Beyond Memorization: Evaluating the True Type Inference Capabilities of LLMs for Java Code Snippets

Type inference is a crucial task for reusing online code snippets, often found on platforms like StackOverflow, which frequently lack essential type information such as fully qualified names (FQNs) and required libraries. Recent studies have leveraged Large Language Models (LLMs) for type inference on code snippets, showing promising results. However, these results are potentially affected by data leakage, as the benchmark suite (StatType-SO) has been public on GitHub since 2017 (full suite in 2023). Thus, it is uncertain whether LLMs' strong performance reflects genuine code semantics understanding or a mere retrieval of ground truth from training data. To comprehensively assess LLMs' type inference capabilities on Java code snippets, we conducted a three-pronged evaluation. First, utilizing Thalia, a program synthesis technique, we created ThaliaType--a new, unseen dataset for type inference evaluation. On unseen snippets, LLM performance dropped significantly, with up to a 59% decrease in precision and 72% in recall. Second, we developed semantic-preserving transformations that significantly degraded LLMs' type inference performance, revealing weaknesses in understanding code semantics. Third, we used delta debugging to identify the minimal syntax elements sufficient for LLM inference. While type inference primarily involves inferring FQNs for types in the code snippet, LLMs correctly infer FQNs even when the types were absent from the snippets, suggesting a reliance on knowledge from training instead of thoroughly analyzing the snippets. Our findings indicate that LLMs' strong past performance likely stemmed from data leakage, rather than a genuine understanding of the semantics of code snippets. Our findings highlight the crucial need for carefully designed benchmarks using unseen code snippets to assess the true capabilities of LLMs for type inference tasks.

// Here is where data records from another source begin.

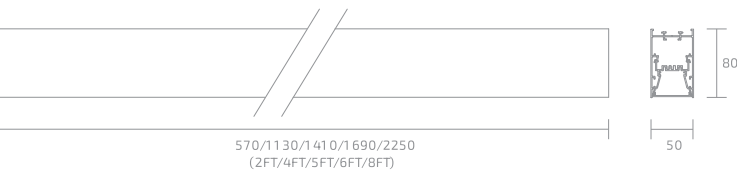

## Homogenous suspended Smart linear profile

Ilinea is a slim homogenous linear color-manageable light offering the highest lighting quality and performance available. It carries Sycra's PSC (Precision Spectrum Control) technology and is available in different configurations and color options.

## Technical data

Colors	2700k-6500k, CCT Tunable
Brightness	Up to 110lm/W
CRI	≥90 (R9>90)
Beam Angle	120°
Pixels	1
UGR	≤19
Power	18W, 36W, 45W, 54W, 72W
Input Voltage	100~240VAC
Max Current	1050mA
Average Lifetime	50.000 hours @ 25°C
Operating Temperature	-25°C - 40°C   -13°F ~104°F
Size (mm)	50 x 60 x 570   1130   1410   1690   2250
Ingress Protection	IP40
Weight	1.45kg – 3.2 Lbs.
Material	Aluminum + PMMA
Finishes	Aluminum, Black, White
Accessories	Suspension kit
Certifications	CE, CC, CCC, FCC, ETL/UL, MIC, RoHS

## 2- Length

060	600mm
120	1200mm
150	1500mm
170	1700mm
230	2300mm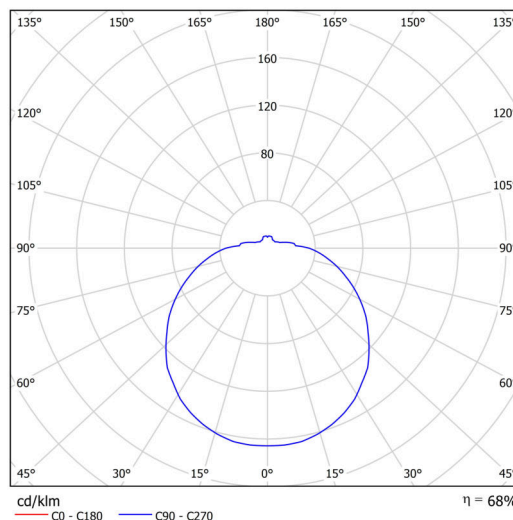

Luminous

Lum. flux of luminaire	1410 lm
Lum. flux of light source	2080 lm
Luminaire efficacy	108 lm/W
Temperature	4000 K
Rated life time LED L80/B10	100000 hours
CRI	Ra80
MacAdam	3
Blue light hazard	Risk group 0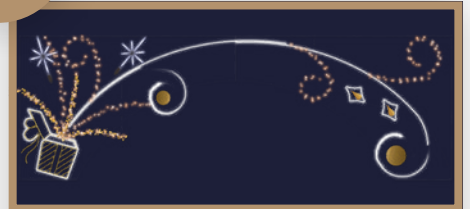

ARCHE CADEAU
204532R

H:2 W:6 m.
❄️ ❄️ Ⓞ

209€ HT
+673,50€ HT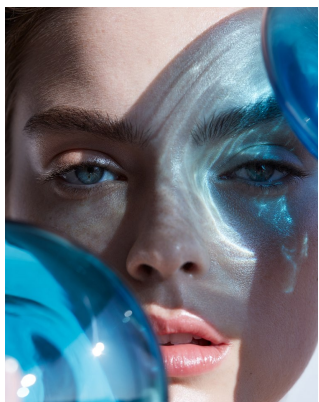

# BOSS MODELS

CAPE TOWN

KRISTILENE DICKS

Height: 180cm Bust: 95cm Waist: 81cm Hips: 116cm Shoe: 6 UK Hair: Light Brown Eyes: Green/Grey

# BOSS MODELS

CAPE TOWN

## KRISTILENE DICKS

Height: 180cm Bust: 95cm Waist: 81cm Hips: 116cm Shoe: 6 UK Hair: Light Brown Eyes: Green/Grey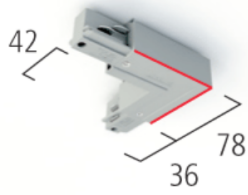

L-Coupler

Colours: White, Black, Silver, Grey

Feeding Option: Yes

Earth: Inside/Outside

MANUFACTURER

**EUTRAC**[®]

COUNTRY OF ORIGIN

**MADE
IN
GERMANY**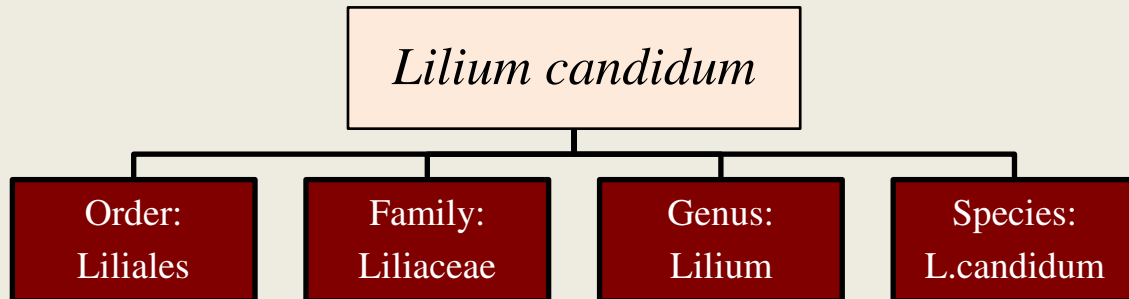

Name: White Lily

DESCRIPTION

- It has a leafy floral stem, which generally grows 1.2 metres (3 ft 11 in) tall
- It is a native plant of the Middle East
- Used for the variety of ailments, including age-related diseases, burns, ulcers, and coughs.

翻译：类型推断是复用在线代码片段（常见于StackOverflow等平台）的关键任务，这些片段常缺乏必要的类型信息（如完全限定名和所需库）。近期研究利用大语言模型对代码片段进行类型推断，显示出良好效果。然而这些结果可能受到数据泄露的影响，因为基准测试集（StatType-SO）自2017年起已在GitHub公开（完整测试集于2023年发布）。因此，大语言模型的优异表现究竟反映真实的代码语义理解能力，还是仅从训练数据中检索标准答案，尚不明确。为全面评估大语言模型对Java代码片段的类型推断能力，我们开展了三阶段评估。首先，利用程序合成技术Thalia构建了ThaliaType——一个全新的、未见过的类型推断评估数据集。在未见片段上，大语言模型性能显著下降，精确率最大降幅达59%，召回率降幅达72%。其次，我们设计了语义保持变换方法，能显著降低大语言模型的类型推断性能，揭示其在代码语义理解方面的缺陷。第三，我们采用Delta调试技术识别出足以支撑大语言模型推断的最小语法元素。虽然类型推断主要涉及推断代码片段中类型的完全限定名，但大语言模型甚至在类型信息缺失时仍能正确推断完全限定名，这表明其依赖训练获得的知识而非深入分析代码片段。我们的研究结果表明，大语言模型过往的优异表现很可能源于数据泄露，而非对代码片段语义的真正理解。本研究强调必须精心设计使用未见代码片段的基准测试，以准确评估大语言模型在类型推断任务中的真实能力。